I probably shouldn't be setting very long labels... But oughtn't BioPerl
throw an exception when a too long label is set, or automatically quote
the value when it is long enough to be wrapped, or know how to read a
wrapped yet unquoted value?

I will be happy to try and provide a patch for whichever solution is
preferred.

Here is an example script:

  #!/usr/bin/perl

  use strict;
  use warnings;

  use IO::String;

  use Bio::Seq;
  use Bio::SeqFeature::Generic;
  use Bio::SeqIO;

  print 'BioPerl ' . $Bio::Root::Version::VERSION . "\n";

  my $seq=Bio::Seq->new(-seq=>'ATG');
  my $feature=Bio::SeqFeature::Generic->new(-primary=>'misc_feature', -start=>1, -end=>3);
  $feature->add_tag_value(label=>'averylonglabelthisisindeedbutitoughttoworkanywaydontyouthink');
  $seq->add_SeqFeature($feature);

  my $out_string=out($seq);
  print $out_string;

  my $fh=IO::String->new($out_string);
  my $in=Bio::SeqIO->new(-fh=>$fh, -format=>'EMBL');
  my $in_seq=$in->next_seq;

  print "Done\n";

  sub out {
      my ($seq)=@_;

      my $string='';
      my $fh=IO::String->new($string);
      my $out=Bio::SeqIO->new(-fh=>$fh, -format=>'EMBL');
      $out->write_seq($seq);

      return $string;
  }

Which gives this output when run:

  BioPerl 1.0069
  ID   unknown; SV 1; linear; unassigned DNA; STD; UNC; 3 BP.
  XX
  AC   unknown;
  XX
  XX
  FH   Key             Location/Qualifiers
  FH
  FT   misc_feature    1..3
  FT                   /label=averylonglabelthisisindeedbutitoughttoworkanywaydont
  FT                   youthink
  XX
  SQ   Sequence 3 BP; 1 A; 0 C; 1 G; 1 T; 0 other;
       atg                                                                       3
  //

  ------------- EXCEPTION: Bio::Root::Exception -------------
  MSG: Can't see new qualifier in: youthink
  from:
  /label=averylonglabelthisisindeedbutitoughttoworkanywaydont
  youthink

  STACK: Error::throw
  STACK: Bio::Root::Root::throw Bio/Root/Root.pm:368
  STACK: Bio::SeqIO::embl::_read_FTHelper_EMBL Bio/SeqIO/embl.pm:1294
  STACK: Bio::SeqIO::embl::next_seq Bio/SeqIO/embl.pm:392
  STACK: /z/home/adsj/bugs/bioperl/embl/embl.pl:24
  -----------------------------------------------------------

If I change the value to include "-quotes ("simulating" that embl.pm
quotes the value), BioPerl can read the EMBL string it produces fine:

  -----------------------------------------------------------
  adsj@ala:~/work/bioperl/bioperl-live$ perl -I. ~/bugs/bioperl/embl/embl.pl
  BioPerl 1.0069
  ID   unknown; SV 1; linear; unassigned DNA; STD; UNC; 3 BP.
  XX
  AC   unknown;
  XX
  XX
  FH   Key             Location/Qualifiers
  FH
  FT   misc_feature    1..3
  FT                   /label=""averylonglabelthisisindeedbutitoughttoworkanywaydo
  FT                   ntyouthink""
  XX
  SQ   Sequence 3 BP; 1 A; 0 C; 1 G; 1 T; 0 other;
       atg                                                                       3
  //
  Done


  Best regards,

     Adam

--
                                                          Adam Sjøgren
                                                    adsj@...

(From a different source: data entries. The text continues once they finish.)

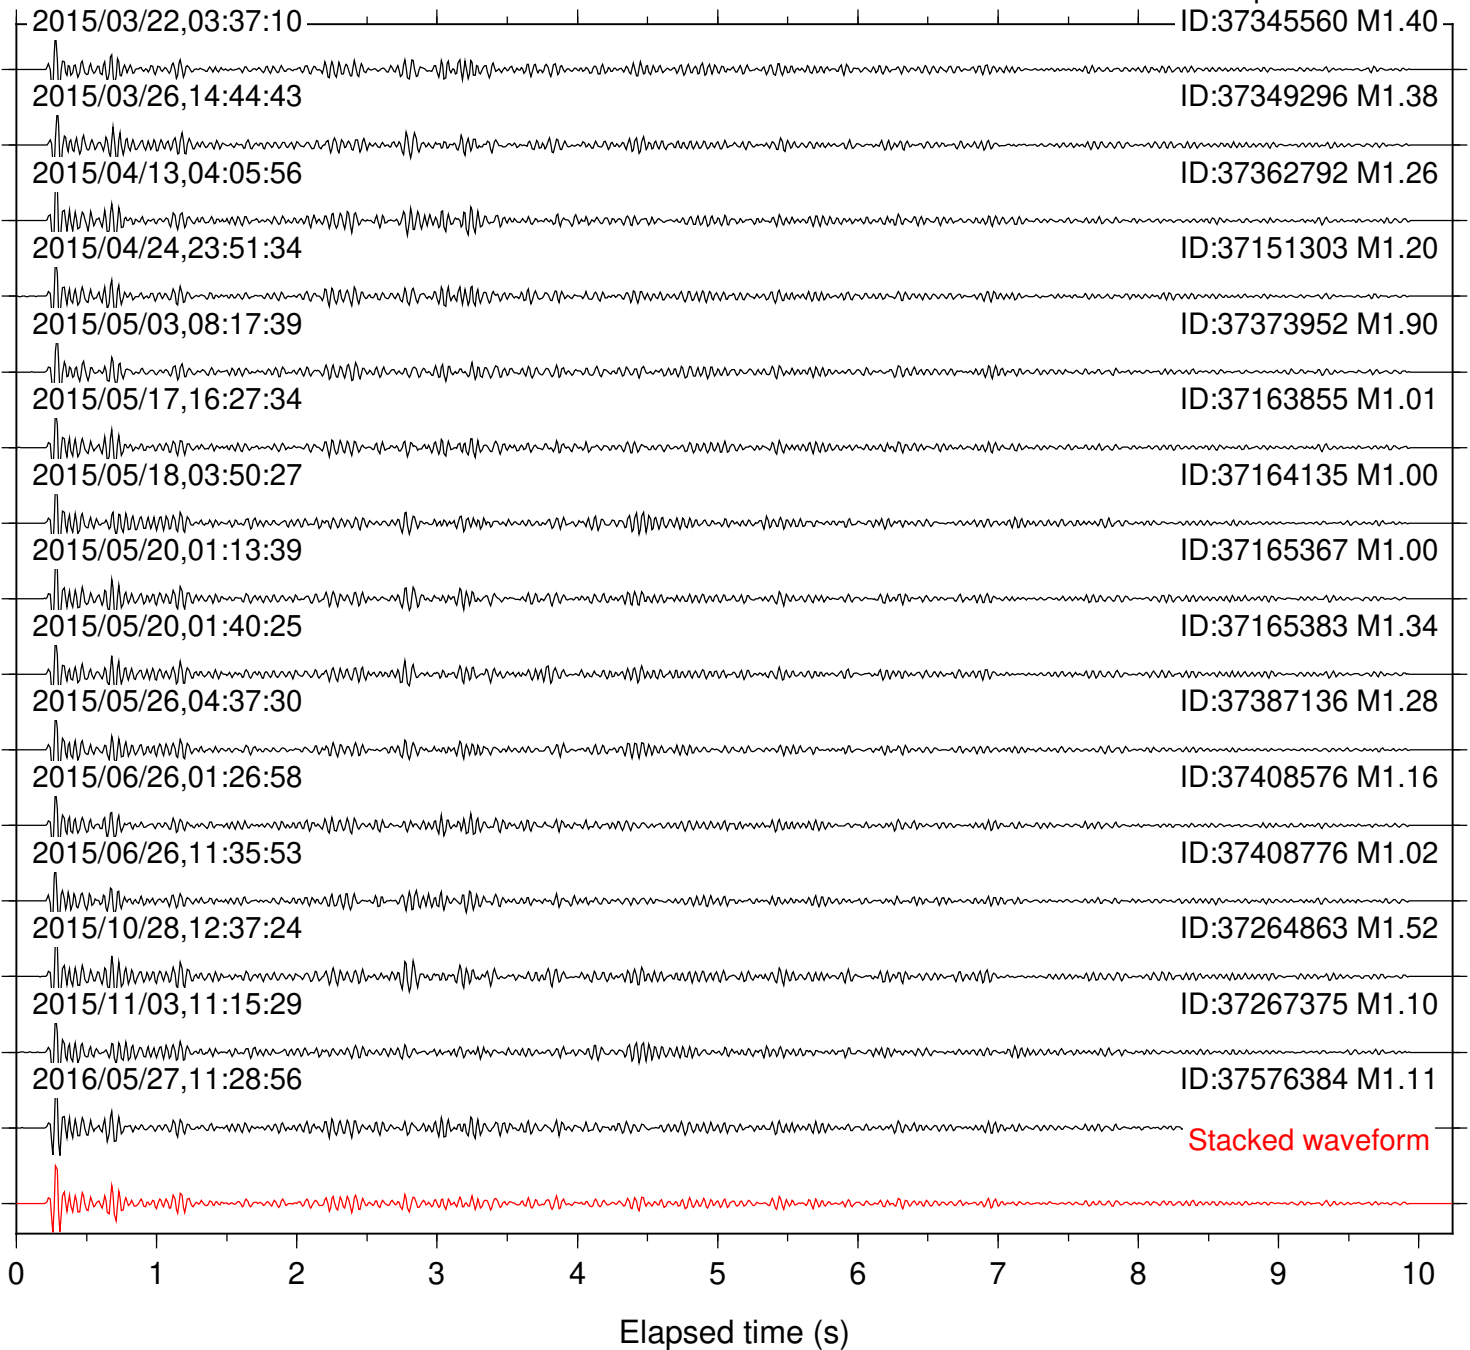

Station: DGR Com: HHZ

Focal depth: 8.34 km

Station: DNR Com: HHZ

Focal depth: 8.34 km

Station: FRD Com: HHZ

Focal depth: 8.34 km

Station: HMT2 Com: HHZ

Focal depth: 8.34 km

_______________________________________________
Bioperl-l mailing list
Bioperl-l@...
http://lists.open-bio.org/mailman/listinfo/bioperl-l

Re: Long /labels are wrapped, but can't be read

by Chris Fields-5 :: Rate this Message:

Reply to Author | View Threaded | Show Only this Message

Adam,

Not sure, but this could be a case of 'both'.  Labels that are quoted  
and aren't are currently distinguished via a global hash lookup  
(%FTQUAL_NO_QUOTE) due to the way the parser works; there is some  
logic behind this, just can't quite recall at the moment why it is  
this way.  You could set a hash key for the label in cases where it  
isn't quoted, that should work.  You can also test out the  
Bio::SeqIO::embldriver version (-format => 'embldriver').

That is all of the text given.